● **Work request**
Scan the records below and say how many lines include the word "Flange", giving no other text.

● **Input data**
- - - - -

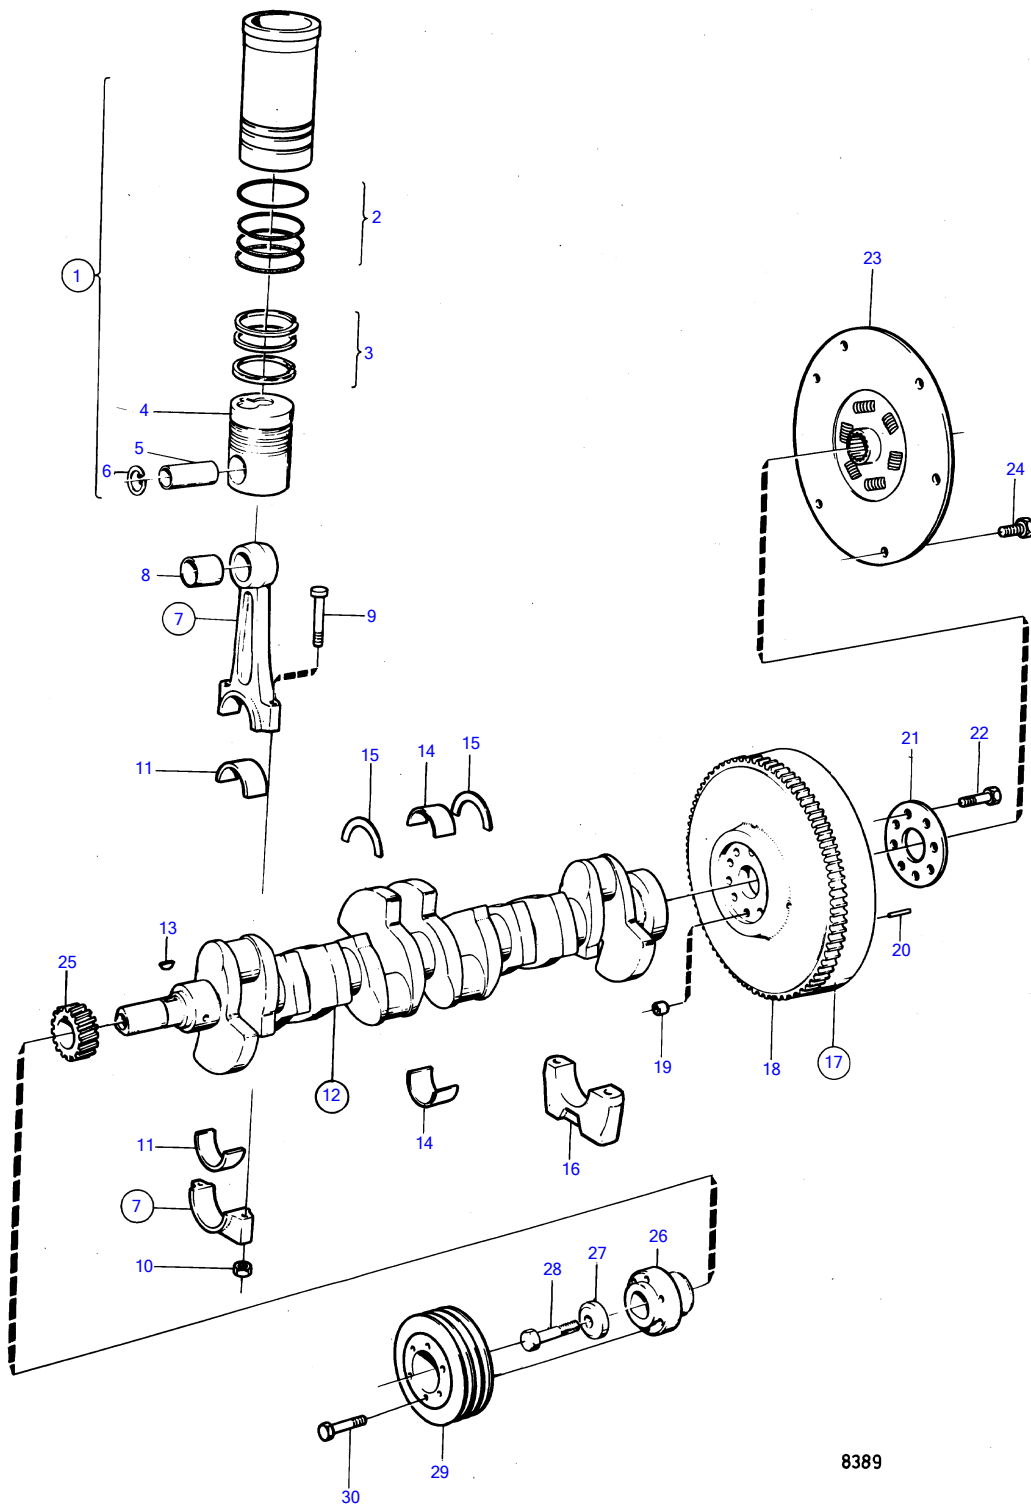

TAMD41A

TAMD41A

REF	PART NO.	QTY	DESCRIPTION	SEE SEC.	NOTES
1	876099	6	Cylinder liner kit		
2	275751	6	• Sealing ring kit		
3	275350	6	• Piston ring kit		
4		6	• piston		
5	1542160	6	• Piston pin		
6	914519	12	• Snap ring		
7	1542072	6	Connecting rod		
8	1542076	6	• Bushing		
9	1542077	12	• Connecting rod bolt		
10	1542078	12	• Nut		
11	270111	6	Main bearing kit		Std D
	270112	6	Main bearing kit		Under size 0,25mm
	270113	6	Main bearing kit		Under size 0,50mm
	270114	6	Main bearing kit		Under size 0,75mm
12	1545231	1	Crankshaft		
			Bulletin 44-22	44-22-EN	New Crankshaft
13	910118	1	• Woodruff key		
14	270467	7	Main bearing kit		Std D
	270468	7	Main bearing kit		Under size 0,25mm
	270469	7	Main bearing kit		Under size 0,50mm
	270470	7	Main bearing kit		Under size 0,75mm
15	270464	1	Thrust washer kit		Std D
	270465	1	Thrust washer kit		Over size 0,10mm
	270466	1	Thrust washer kit		Over size 0,20mm
16		7	bearing cap	19413	
17	860726	1	Flywheel		(838850)
18	829462	1	• Ring gear		
19	415311	1	• Guide sleeve		
20	191873	3	• Locating pin		
21	1542093	1	Bolt plate		
22	1544147	8	Screw		
23	855617	1	Oscillation damper		
24	946173	6	Flange screw		
25	1542305	1	Gear	19427	
26	1542196	1	Hub		
27	420124	1	Washer		
28	1542149	1	Hexagon screw		
29	838725	1	Vibration damper		
30	948217	6	Flange screw

- - - - -

● **Solution below**
2